### [WORK REQUIRED]
Repeat the listing word for word. Leave every picture out.

### [DATA SUPPLIED]
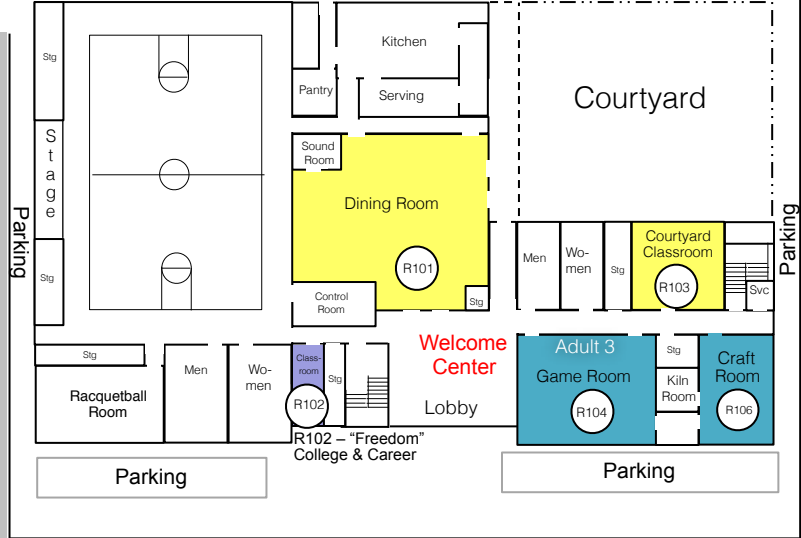

# First Baptist Church Terrell

Main Campus: 403 N. Catherine St.  
 ROC: 100 W. Brin St.  
 fbcterrell.org 972.563.7561

- = Nursery/Preschool
- = Children/Preteens
- = Special Needs (JOY Min.)
- = Students (Teens) @ ROC
- = College/Career Adults up to mid-20's "Freedom" Class @ ROC
- = Young Adults: 20's -40's (Ad. 6)
- = Young Adults: 30's -50's (Ad. 5)
- = Median Adults: 40's-60's (Ad. 4) @ the ROC
- = Median Adults: 50's & 60's (Ad. 3) @ the ROC
- = Senior Adults: 60's & 70's (Ad. 2)
- = Senior Adults: 70's & up (Ad. 1)
- = "The Seekers" Class (ROC R106) Open to any age adult

## FBCT Recreation Outreach Center (ROC) 2nd Floor

## FBCT Recreation Outreach Center (ROC) 1st Floor

W. Brin Street

## Main Campus 2nd Floor

### [YOUR RESPONSE]
# First Baptist Church Terrell

Main Campus: 403 N. Catherine St.  
 ROC: 100 W. Brin St.  
 fbcterrell.org 972.563.7561

- = Nursery/Preschool
- = Children/Preteens
- = Special Needs (JOY Min.)
- = Students (Teens) @ ROC
- = College/Career Adults up to mid-20's "Freedom" Class @ ROC
- = Young Adults: 20's -40's (Ad. 6)
- = Young Adults: 30's -50's (Ad. 5)
- = Median Adults: 40's-60's (Ad. 4) @ the ROC
- = Median Adults: 50's & 60's (Ad. 3) @ the ROC
- = Senior Adults: 60's & 70's (Ad. 2)
- = Senior Adults: 70's & up (Ad. 1)
- = "The Seekers" Class (ROC R106) Open to any age adult

## FBCT Recreation Outreach Center (ROC) 2nd Floor

## FBCT Recreation Outreach Center (ROC) 1st Floor

W. Brin Street

## Main Campus 2nd Floor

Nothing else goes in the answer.